David Beath was among the first to be rescued after spending 26 hours trapped in his car.

"When traffic stopped (Monday morning), I thought it was just an accident and I didn't think too much of it," said Beath, a food and beverage manager for Best Western in London.

"Then as time went on and we weren't moving and the weather got worse I realized this was something bad.

"When the sun went down, I thought to myself, 'Oh man, this is going to be a long night,'" he said. "I woke up a couple times shivering, so I turned the car back on. But it would take 20 minutes or so to warm up because I was just sitting there.

"It was pretty cold. I could see other cars but most people were staying inside, like the radio was telling us to do. There was one trucker who came by about 10 p.m. letting people know that if they were running out of gas they could jump in his truck because he had enough gas to go all night."

In the morning, he said people began to get out of their cars and dig themselves out. Soon some of the trucks were able to break through the bigger drifts, and he was able to follow in their tracks.

Other had help from police while some nearby residents opened their doors to the stranded.

"The people of this town are really coming together. They've given us blankets, warm clothes, food. There's a couple here who have brought us into their home. We could be here for another day," said Robert Williams, who was driving a U-Haul with his wife and their two-month-old infant, in the process of moving from Ontario to Iowa, when they became stuck in the snow.

"The couple won't let us do anything to repay them. They're such nice people."

As the 402 remained closed from the Bluewater Bridge in Sarnia to the Hwy, 401 near London Tuesday night, London braced for an expected "clobbering."

"We can see on the radar there is heavier activity to the west and the east, but there is lots more activity to come," said Environment Canada's Geoff Coulson.

"If a band does lock in, there is potential for 15 to 20 cm of fresh snow tonight, another 15 cm on Wednesday," he said.

"This one is going to be a situation where the officials in the city will have to watch the radar closely," he warned.

The storm also hammered Quebec and Atlantic Canada.

In southern Quebec, whiteout conditions slowed traffic to a crawl in many areas.

In the Gaspe region in eastern Quebec, where temperatures have been milder, heavy rain and violent winds prompted civil security officials to issue storm-surge warnings. Wind gusts topped 110 km/h in some areas, and residents in coastal areas braced for storm surges.

Landslides blocked two regional highways there.

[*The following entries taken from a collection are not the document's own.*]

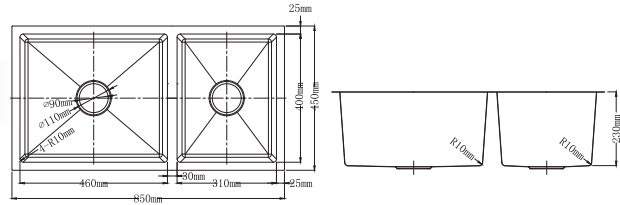

HANDMADE KITCHEN SINK

Scratch Resistant

Noise Reduction

Anti Fingerprint

Rust Resistant

Double Bowl Kitchen Sink

SKS-230-8545L-SS

Size : 850 x 450 x 230mm
Thickness: 3mm + 1mm
Finishing : Silver
1 set/ctn

RM880.00

SKS-230-8545L-BK

Size : 850 x 450 x 230mm
Thickness: 3mm + 1mm
Finishing : Black
1 set/ctn

RM1161.00

SKS-230-8545L-GD

Size : 850 x 450 x 230mm
Thickness: 3mm + 1mm
Finishing : Gold
1 set/ctn

RM1222.00

SKS-230-8545L-RD

Size : 850 x 450 x 230mm
Thickness: 3mm + 1mm
Finishing : Rose Gold
1 set/ctn

RM1222.00

SKS-230-8545L-GM

Size : 850 x 450 x 230mm
Thickness: 3mm + 1mm
Finishing : Gun Metal
1 set/ctn

RM1222.00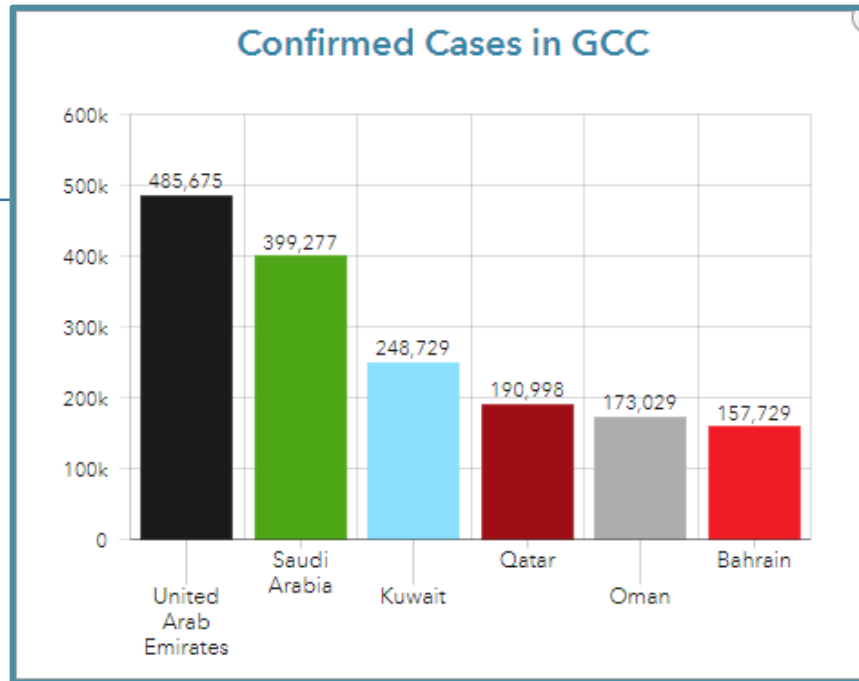

Corona Virus Statistics Platform (COVID-19) for the GCC

Number of Confirmed new cases in the GCC since the beginning of the crisis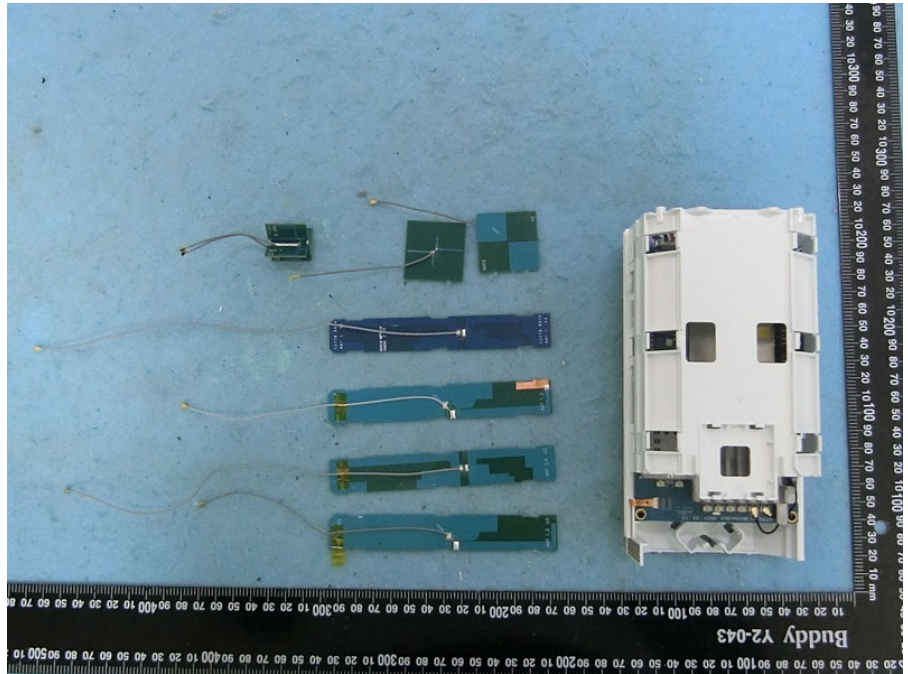

Brand Name: Jextream Model Name: CG770

Lithium Ion
Polymer(LIP)
battery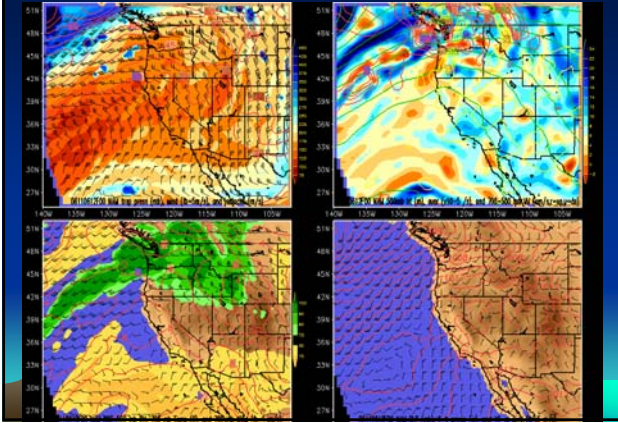

Large-Scale Circulation

Radar

Quillayute WA sounding

Paradise (1561 m)

Paradise (1561 m)

Paradise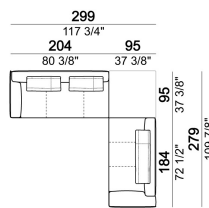

6110299

Composition "A" (left unit 204 cm + dormeuse 95x160 cm + right unit LARGE 234 cm + 4 back cushions 70 cm + 1 back cushion 90 cm)

Composition "B" (dormeuse 95x160 cm + right unit LARGE 234 cm + 2 back cushions 70 cm + 1 back cushion 90 cm)

Composition "D" (left unit LARGE 184 cm + chaise longue LARGE with right long arm 131x160 cm + 1 back cushion 110 cm + 1 back cushion 70 cm)

Composition "I" (right unit 204 cm + dormeuse 95x160 cm + 3 back cushions 70 cm)

Composition "G" (left corner sofa 278 cm + left unit 204 cm + 3 back cushions 70 cm + 1 back cushion 90 cm)

Composition "L" (left unit 204 cm + right unit LARGE 184 cm + 2 back cushions 70 cm + 1 back cushion 110 cm).

Composition "E" (left unit 204 + chaise longue LARGE with right long arm 131x175 cm + 3 back cushions 70 cm)

Composition "H" (left unit LARGE 184 cm + right corner unit 174 cm + central unit 180 cm with right pouf + 2 back cushions 110 cm + 1 back cushion 90 cm)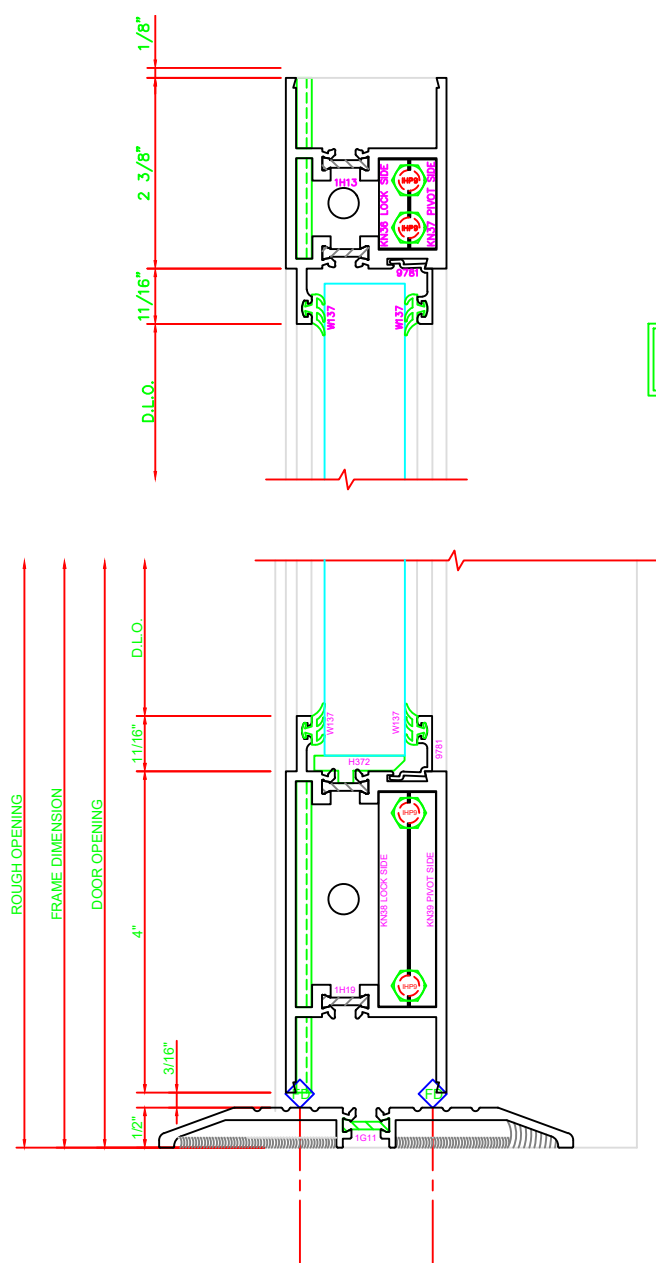

316	STILE
	S/A D202 FOR EFCO STANDARD ABH A160HD CONTINUOUS HINGE

ERASE NOTE  
STANDARD CONTINUOUS HINGE AND STILE

301	STILE
	S/A D202 FOR OFFSET PIVOTS

ERASE NOTE  
BUTT HINGES CAN NOT BE USED WITH THERMASTILE DOORS

100	TOP RAIL
	S/A D202

ERASE NOTE  
TOP RAIL FOR SURFACE CLOSERS, OR DORMA TYPE C.O.C., NOT LCN C.O.C.

200	BOTTOM RAIL
	S/A D202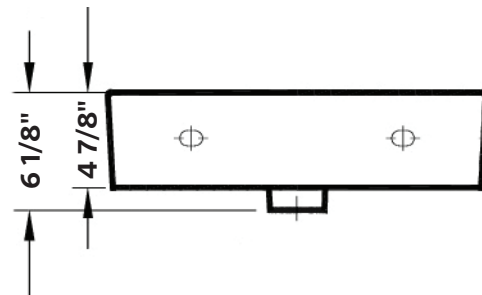

Wall Mount Option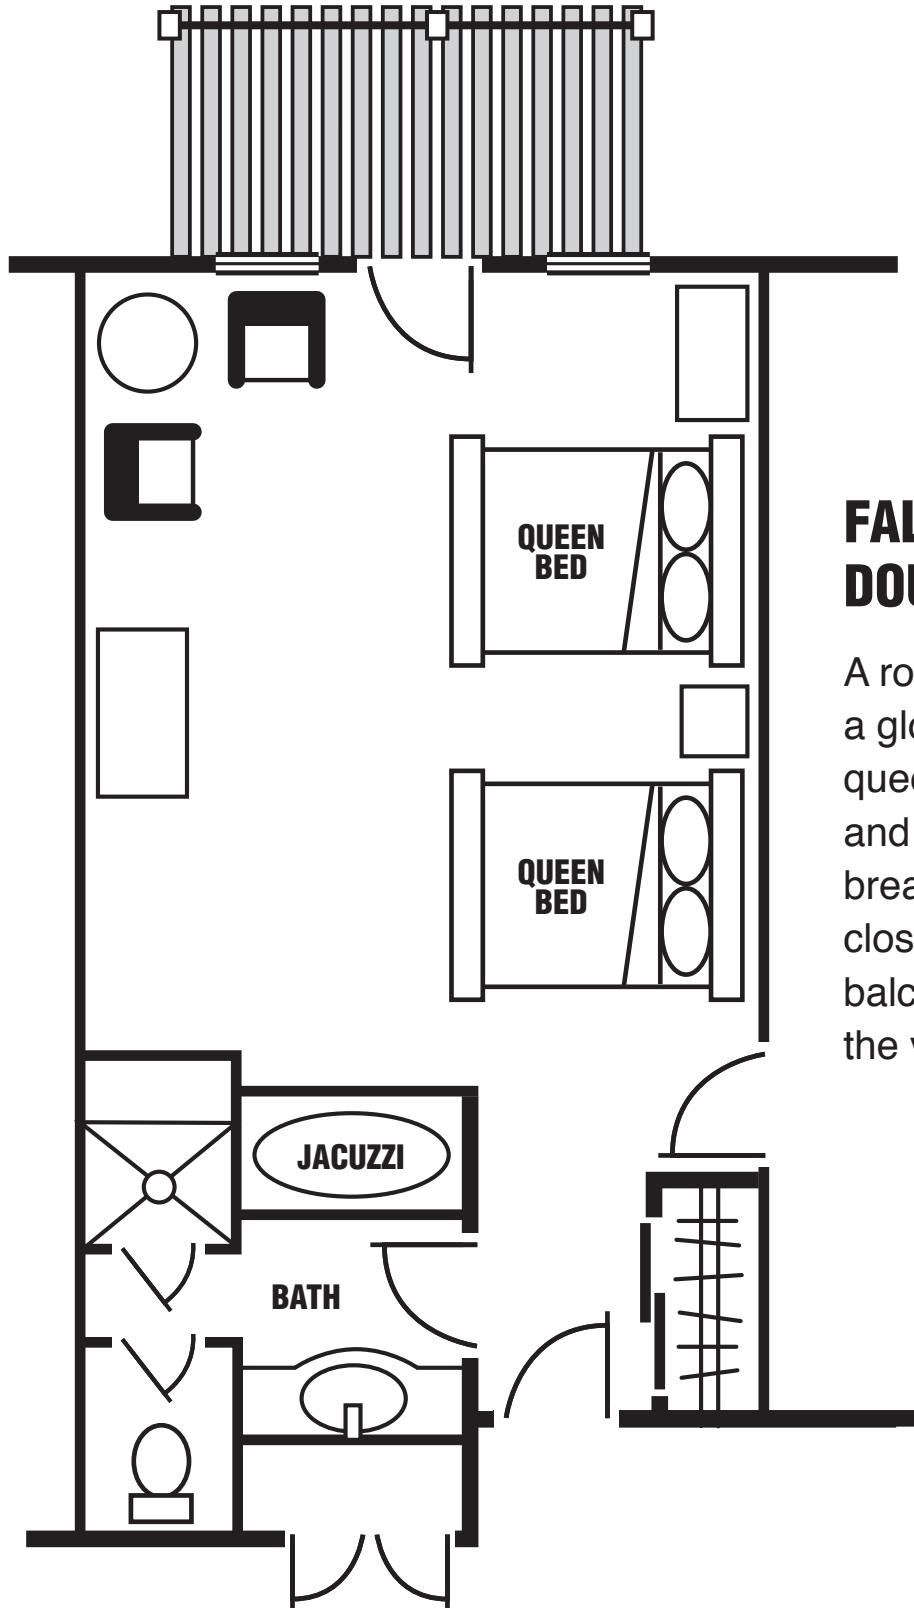

 **BIG CEDAR**[®]
America's Premier Wilderness Resort

**FALLS LODGE
DOUBLE QUEEN ROOM**

A room with a cabin feel in a glorious lodge with two queen beds, Jacuzzi bath and separate shower, breakfast table, cedar closet with safe, and a balcony overlooking the valley.

In Nova Scotia, the roof of a seniors' centre caved in, schools were closed in Labrador, heavy rains caused waist-deep flooding in parts of New Brunswick and schools remained closed across the region.

As many as 70,000 people were without power across the Maritime provinces.

Toronto's Pearson International Airport reported flights to the Atlantic region and southern Ontario were cancelled or delayed Tuesday.

Travellers are advised to call ahead to check on the status of their flights before leaving for the airport.

Airports in Atlantic Canada reported similar delays.